[Source data]
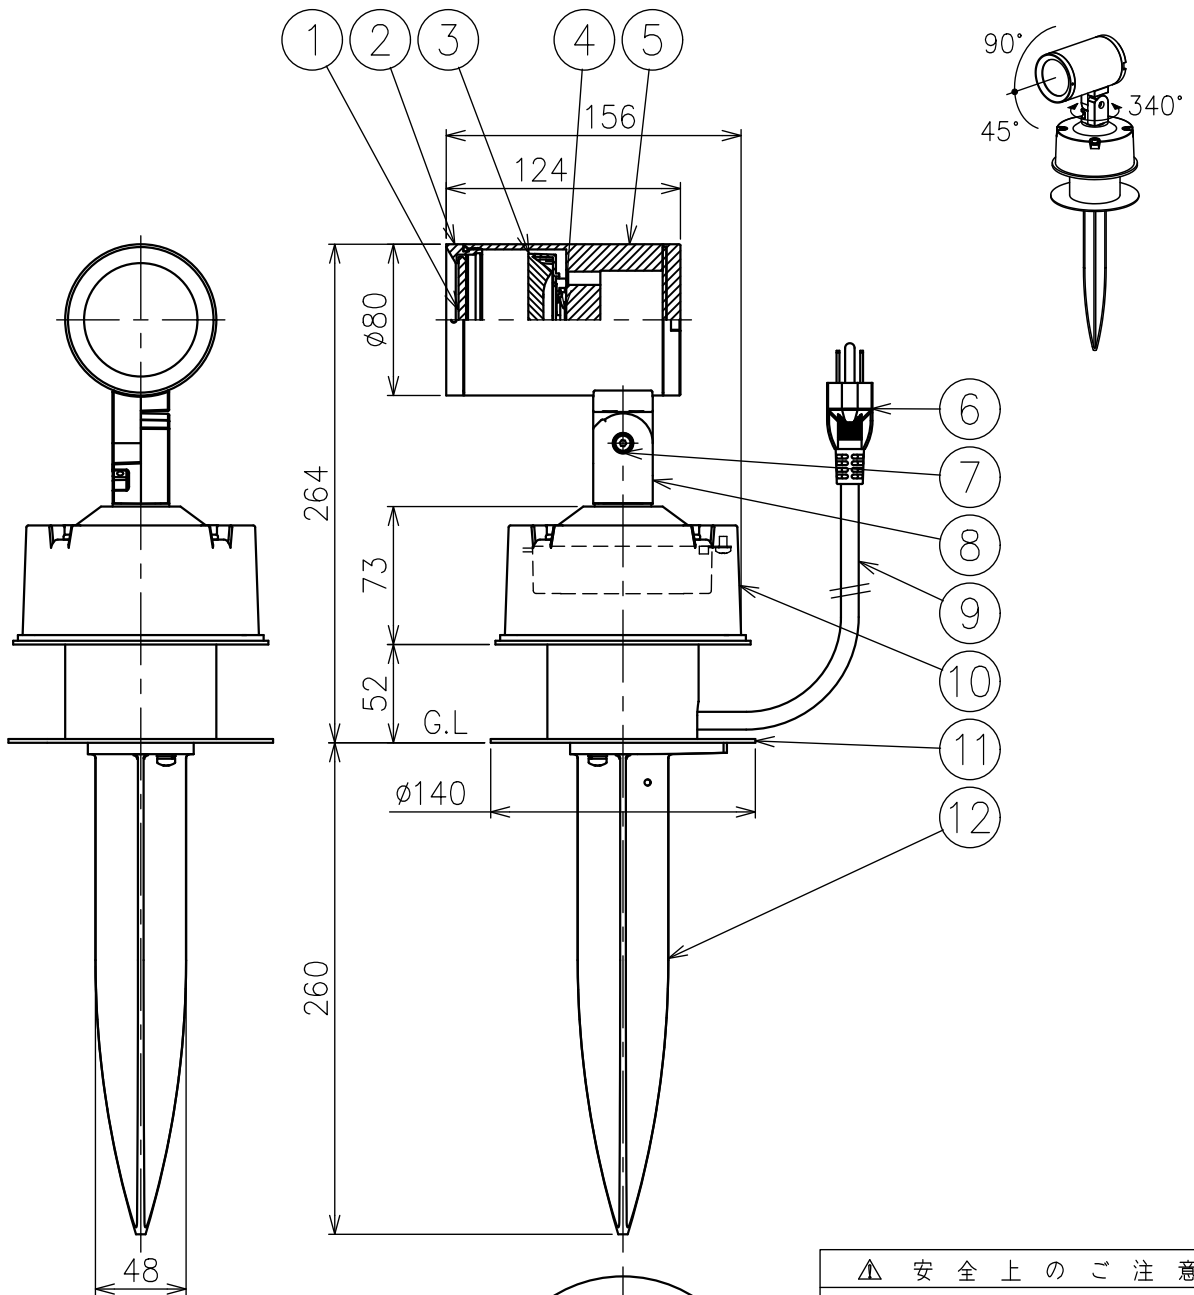

231212

230518

定格表

入力電圧	AC100
周波数	50/60Hz
入力電流	0.31A
消費電力	31W

付属品

・六角レンチ：2mm、3mm/各1

△ 安全上のご注意

- 防雨型器具ですが、風呂場等の湿気の多い場所には取付け出来ません。感電・火災のおそれがあります。
- 振動や衝撃のある場所、冠水のおそれのある場所には取り付けないでください。感電・火災のおそれがあります。
- 地中への埋め込みはG Lプレートまでとしてください。これ以上埋め込むと浸水による感電・火災のおそれがあります。

15					7	自在器固定ボルト	ステンレス	1	M5				
14					6	プラグ	塩化ビニル	1	接地2P 125V 7A	器具 タイプ	・防雨形 ・電源内蔵 ・フラッド配光		
13					5	本体	アルミ	1	色種欄参照				
12	スパイク	アルミ	1	色種欄参照	4	LED	---	1	Ra90	使用 光源	高輝度LED 4000K Ra90 25.6W×1		
11	GLプレート	ステンレス	1	色種欄参照	3	レンズ	樹脂	1	クリア				
10	フランジ	アルミ	1	色種欄参照	2	カバー	アルミ	1	色種欄参照				
9	キャプタイヤケーブル	ビニル	1	黒色 0.75×3 5m	1	カバーガラス	強化ガラス	1	クリア	色種	B：黒色 S：シルバー色		
8	自在器	アルミ	1	色種欄参照	品番	品名	材質	数量	摘要	カタログ 番号	T1162B,S	型番	60TF-63B0-1B,S
第三角法		作図	KI	単位	mm	尺度	—	質量	3.0 kg

▶ **PROBLEM DETAILS**:
Go through the entries. Report every line that contains the word "ステンレス".

▶ **TASK SOLUTION**:
15					7	自在器固定ボルト	ステンレス	1	M5				
11	GLプレート	ステンレス	1	色種欄参照	3	レンズ	樹脂	1	クリア				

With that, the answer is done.